These are the key concepts you need to understand to accurately answer the question.

Understanding Negative Exponents
Negative exponents can seem a bit intimidating at first, but they’re quite simple once you get the hang of them. Essentially, a negative exponent means you need to take the reciprocal of what you have. So, if you see an expression like \(a^{-n}\), that’s the same as saying \(\frac{1}{a^n}\). This is a very useful transformation to understand because it allows us to rewrite expressions without negative exponents, making them easier to work with and understand.
  • For example, if we have \(y^{-3}\), this is equivalent to \(\frac{1}{y^{3}}\).
  • Similarly, \(z^{-2}\) becomes \(\frac{1}{z^{2}}\).
Remember, when you encounter negative exponents, just flip the base to the denominator with the positive exponent, and you'll be on the right track!
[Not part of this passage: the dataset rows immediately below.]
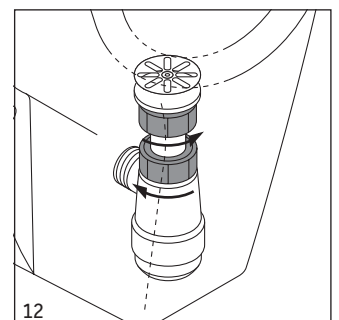

0829300000

0829300007

Lage der Befestigungspunkte
Wasseranschluss

Positie van de bevestigingspunten
Wateraansluiting

Posição das fixações
Alimentação de água

Position of fixing points
Water supply

Posizione punti di fissaggio
Raccordo idraulico

Montaj yerleri
Su bağlantı noktaları

Emplacement des points d'ancrage
Raccordement d'eau

Posición de los puntos de sujeción
Puntos de alimentación de agua

固定位置
供水

0829300000 / # 0829300007

0828300000 / # 0828300007 / # 0828300066 / # 0828300067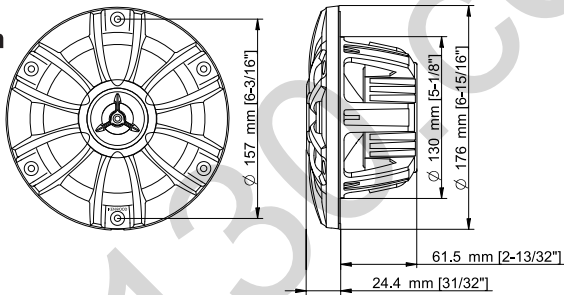

Emplacement des haut-parleurs
Plaatsen van luidsprekers
Ubicacion de los altavoces

Connections
Anschlüsse
Collegamenti

Raccordements
Aansluitingen
Conexiones

Dimensions
Dimensions
Abmessungen
Afmetingen
Dimensioni
Dimensiones

Unit:mm (inch)
Unité:mm (pouces)

Connect the amplifier's output terminal to each terminal.
Reliez la prise de sortie de l'amplificateur a chaque borne.
Die Anschlusse mit den verstärkerausgängen verbinden.
Verbind de uitgangsaansluiting van de versterker met iedere aansluiting.
Collegare i terminali di uscita dell'amplificatore a ciascun terminale.
Conecte el terminal de salida del amplificador a cada terminal.

Parts included
Mitgeliefertes zubehör
Parti incluse

Parts comprises
Bijgeleverde onderdelen
Partes incluidas

φ 4x30 x 12

..... x 12

SPECIFICATIONS

speakers

Woofer	160 mm (6-1/2 in.) PP cone Type
	283 g (10 oz) Magnet
Tweeter	25 mm (1 in.) PEI Balanced dome Type
Peak Power	150 Watts
Rated Power	30 Watts
Frequency Response	60 Hz - 20,000 Hz
Sensitivity	86 dB / W at 1 m
Impedance	4 Ohms
Net Weight With Grille	1,922 g (4.2 lb) / Pair

Haut-Parleurs

Woofer	160 mm (6-1/2 pouces) Cône de type pp
	283 g (10 oz) Aimant
Tweeter	25 mm (1 pouces) PEI de type a dome balance
Puissance de crête admissible	150 Watts
Puissance admissible	30 Watts
Reponse en fréquence	60 Hz - 20.000 Hz
Sensibilité	86 dB / W à 1 m
Impédance	4 ohms
Poids avec grille	1.922 g (4,2 lb) / Paire

Simplifying Expressions with Exponents
Simplifying expressions with exponents involves combining like terms and using the rules of exponents to make expressions as simple as possible.
Let’s look at an example to understand this better. If you see something like \(y^{2} \cdot y^{-5}\), you might feel a little lost at first. But remember, when you multiply terms that have the same base, you simply add the exponents together.
  • For \(y^{2} \cdot y^{-5}\), the exponents are \(2\) and \(-5\), added together to get \(2 + (-5) = -3\).
  • This gives us \(y^{-3}\), which we then rewrite as \(\frac{1}{y^{3}}\) by using the rule we just talked about for negative exponents.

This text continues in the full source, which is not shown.